- [What is being asked]: Exact reproduction required: the lines below from the line with "Sold Separately" to the line with "series ordering example:**", both ends included, and no others.

Data excerpts START

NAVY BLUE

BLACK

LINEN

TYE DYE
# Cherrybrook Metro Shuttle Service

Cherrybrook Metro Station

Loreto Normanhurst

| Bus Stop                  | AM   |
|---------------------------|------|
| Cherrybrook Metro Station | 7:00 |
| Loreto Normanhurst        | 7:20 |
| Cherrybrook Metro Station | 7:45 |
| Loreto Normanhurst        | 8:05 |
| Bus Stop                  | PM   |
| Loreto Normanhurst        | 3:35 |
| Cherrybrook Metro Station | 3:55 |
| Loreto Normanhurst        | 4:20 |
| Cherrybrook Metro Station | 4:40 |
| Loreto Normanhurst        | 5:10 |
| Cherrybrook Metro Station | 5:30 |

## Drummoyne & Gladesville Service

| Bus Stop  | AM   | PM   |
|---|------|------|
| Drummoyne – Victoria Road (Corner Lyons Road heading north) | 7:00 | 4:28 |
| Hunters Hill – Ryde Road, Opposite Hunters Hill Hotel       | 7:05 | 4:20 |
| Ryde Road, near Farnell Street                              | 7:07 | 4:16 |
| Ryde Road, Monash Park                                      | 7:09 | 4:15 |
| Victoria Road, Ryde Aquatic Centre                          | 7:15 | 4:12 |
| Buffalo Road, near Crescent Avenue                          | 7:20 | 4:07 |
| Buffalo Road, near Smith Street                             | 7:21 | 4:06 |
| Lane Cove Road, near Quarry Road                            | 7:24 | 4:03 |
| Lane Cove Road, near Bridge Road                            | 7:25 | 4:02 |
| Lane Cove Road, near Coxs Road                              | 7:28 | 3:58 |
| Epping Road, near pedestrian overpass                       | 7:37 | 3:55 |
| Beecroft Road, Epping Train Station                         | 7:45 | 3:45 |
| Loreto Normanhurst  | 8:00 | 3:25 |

Data excerpts END
Data excerpts START

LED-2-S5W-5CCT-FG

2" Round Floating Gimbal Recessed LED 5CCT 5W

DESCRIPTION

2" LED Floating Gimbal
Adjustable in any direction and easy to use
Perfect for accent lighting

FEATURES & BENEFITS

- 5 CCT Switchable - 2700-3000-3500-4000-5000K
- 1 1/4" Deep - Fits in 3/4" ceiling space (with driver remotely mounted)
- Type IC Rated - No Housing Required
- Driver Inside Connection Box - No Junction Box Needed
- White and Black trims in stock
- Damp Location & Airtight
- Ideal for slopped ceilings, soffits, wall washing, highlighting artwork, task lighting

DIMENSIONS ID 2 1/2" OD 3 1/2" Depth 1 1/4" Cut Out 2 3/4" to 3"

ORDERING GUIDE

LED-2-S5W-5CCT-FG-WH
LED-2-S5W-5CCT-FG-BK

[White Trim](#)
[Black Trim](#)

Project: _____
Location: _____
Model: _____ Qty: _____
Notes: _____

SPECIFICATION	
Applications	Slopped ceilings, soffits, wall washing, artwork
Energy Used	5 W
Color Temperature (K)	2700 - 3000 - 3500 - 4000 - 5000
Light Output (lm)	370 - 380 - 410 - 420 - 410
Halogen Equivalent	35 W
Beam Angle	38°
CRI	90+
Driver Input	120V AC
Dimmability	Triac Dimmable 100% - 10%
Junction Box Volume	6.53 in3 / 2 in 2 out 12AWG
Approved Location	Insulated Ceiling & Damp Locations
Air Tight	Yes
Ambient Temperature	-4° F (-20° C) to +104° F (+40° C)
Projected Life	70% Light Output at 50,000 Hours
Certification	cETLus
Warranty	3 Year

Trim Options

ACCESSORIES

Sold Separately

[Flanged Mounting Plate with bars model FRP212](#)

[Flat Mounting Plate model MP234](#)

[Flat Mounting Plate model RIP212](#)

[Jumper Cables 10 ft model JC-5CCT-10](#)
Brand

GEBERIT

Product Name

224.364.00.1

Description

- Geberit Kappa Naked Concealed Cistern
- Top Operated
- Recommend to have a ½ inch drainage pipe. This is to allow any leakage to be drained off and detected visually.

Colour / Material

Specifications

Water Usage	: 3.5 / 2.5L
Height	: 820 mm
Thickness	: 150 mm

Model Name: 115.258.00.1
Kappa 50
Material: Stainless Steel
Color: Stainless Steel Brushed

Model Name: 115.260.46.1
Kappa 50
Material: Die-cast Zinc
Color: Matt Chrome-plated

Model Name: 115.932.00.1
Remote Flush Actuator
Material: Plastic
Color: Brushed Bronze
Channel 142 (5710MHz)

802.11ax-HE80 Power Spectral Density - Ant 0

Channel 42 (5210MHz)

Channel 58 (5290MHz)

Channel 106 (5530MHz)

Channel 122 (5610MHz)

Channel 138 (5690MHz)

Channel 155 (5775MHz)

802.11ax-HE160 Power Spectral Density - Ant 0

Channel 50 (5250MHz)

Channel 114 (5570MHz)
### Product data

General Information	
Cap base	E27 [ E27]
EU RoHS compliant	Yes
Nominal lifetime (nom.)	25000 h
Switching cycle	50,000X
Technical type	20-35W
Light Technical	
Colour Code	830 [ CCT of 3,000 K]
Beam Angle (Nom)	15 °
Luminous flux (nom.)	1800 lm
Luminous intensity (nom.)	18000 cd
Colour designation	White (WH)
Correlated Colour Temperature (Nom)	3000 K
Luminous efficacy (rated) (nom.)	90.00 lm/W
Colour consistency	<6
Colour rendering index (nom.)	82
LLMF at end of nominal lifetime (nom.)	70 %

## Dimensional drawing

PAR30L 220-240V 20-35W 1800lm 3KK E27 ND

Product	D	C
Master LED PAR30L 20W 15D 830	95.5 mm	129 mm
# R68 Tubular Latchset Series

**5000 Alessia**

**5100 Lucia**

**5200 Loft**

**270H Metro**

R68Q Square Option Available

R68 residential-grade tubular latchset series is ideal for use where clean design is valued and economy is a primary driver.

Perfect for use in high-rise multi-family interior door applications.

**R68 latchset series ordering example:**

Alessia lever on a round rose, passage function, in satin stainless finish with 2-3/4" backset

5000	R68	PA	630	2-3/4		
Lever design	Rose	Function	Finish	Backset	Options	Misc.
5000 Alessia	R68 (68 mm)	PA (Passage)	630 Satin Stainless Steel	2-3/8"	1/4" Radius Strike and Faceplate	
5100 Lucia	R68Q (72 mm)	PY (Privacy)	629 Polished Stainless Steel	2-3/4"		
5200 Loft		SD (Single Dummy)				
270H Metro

Data excerpts END
Data excerpts START

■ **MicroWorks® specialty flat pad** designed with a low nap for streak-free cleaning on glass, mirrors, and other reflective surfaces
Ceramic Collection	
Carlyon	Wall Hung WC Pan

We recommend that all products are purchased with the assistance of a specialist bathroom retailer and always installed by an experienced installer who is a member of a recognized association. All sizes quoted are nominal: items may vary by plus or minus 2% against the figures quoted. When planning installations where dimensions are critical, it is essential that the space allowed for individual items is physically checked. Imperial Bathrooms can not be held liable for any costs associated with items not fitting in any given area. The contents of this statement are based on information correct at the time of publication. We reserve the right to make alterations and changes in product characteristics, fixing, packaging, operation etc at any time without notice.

Data excerpts END

- [Problem solution]:
Sold Separately

[Flanged Mounting Plate with bars model FRP212](#)

[Flat Mounting Plate model MP234](#)

[Flat Mounting Plate model RIP212](#)

[Jumper Cables 10 ft model JC-5CCT-10](#)
Brand

GEBERIT

Product Name

224.364.00.1

Description

- Geberit Kappa Naked Concealed Cistern
- Top Operated
- Recommend to have a ½ inch drainage pipe. This is to allow any leakage to be drained off and detected visually.

Colour / Material

Specifications

Water Usage	: 3.5 / 2.5L
Height	: 820 mm
Thickness	: 150 mm

Model Name: 115.258.00.1
Kappa 50
Material: Stainless Steel
Color: Stainless Steel Brushed

Model Name: 115.260.46.1
Kappa 50
Material: Die-cast Zinc
Color: Matt Chrome-plated

Model Name: 115.932.00.1
Remote Flush Actuator
Material: Plastic
Color: Brushed Bronze
Channel 142 (5710MHz)

802.11ax-HE80 Power Spectral Density - Ant 0

Channel 42 (5210MHz)

Channel 58 (5290MHz)

Channel 106 (5530MHz)

Channel 122 (5610MHz)

Channel 138 (5690MHz)

Channel 155 (5775MHz)

802.11ax-HE160 Power Spectral Density - Ant 0

Channel 50 (5250MHz)

Channel 114 (5570MHz)
### Product data

General Information	
Cap base	E27 [ E27]
EU RoHS compliant	Yes
Nominal lifetime (nom.)	25000 h
Switching cycle	50,000X
Technical type	20-35W
Light Technical	
Colour Code	830 [ CCT of 3,000 K]
Beam Angle (Nom)	15 °
Luminous flux (nom.)	1800 lm
Luminous intensity (nom.)	18000 cd
Colour designation	White (WH)
Correlated Colour Temperature (Nom)	3000 K
Luminous efficacy (rated) (nom.)	90.00 lm/W
Colour consistency	<6
Colour rendering index (nom.)	82
LLMF at end of nominal lifetime (nom.)	70 %

## Dimensional drawing

PAR30L 220-240V 20-35W 1800lm 3KK E27 ND

Product	D	C
Master LED PAR30L 20W 15D 830	95.5 mm	129 mm
# R68 Tubular Latchset Series

**5000 Alessia**

**5100 Lucia**

**5200 Loft**

**270H Metro**

R68Q Square Option Available

R68 residential-grade tubular latchset series is ideal for use where clean design is valued and economy is a primary driver.

Perfect for use in high-rise multi-family interior door applications.

**R68 latchset series ordering example:**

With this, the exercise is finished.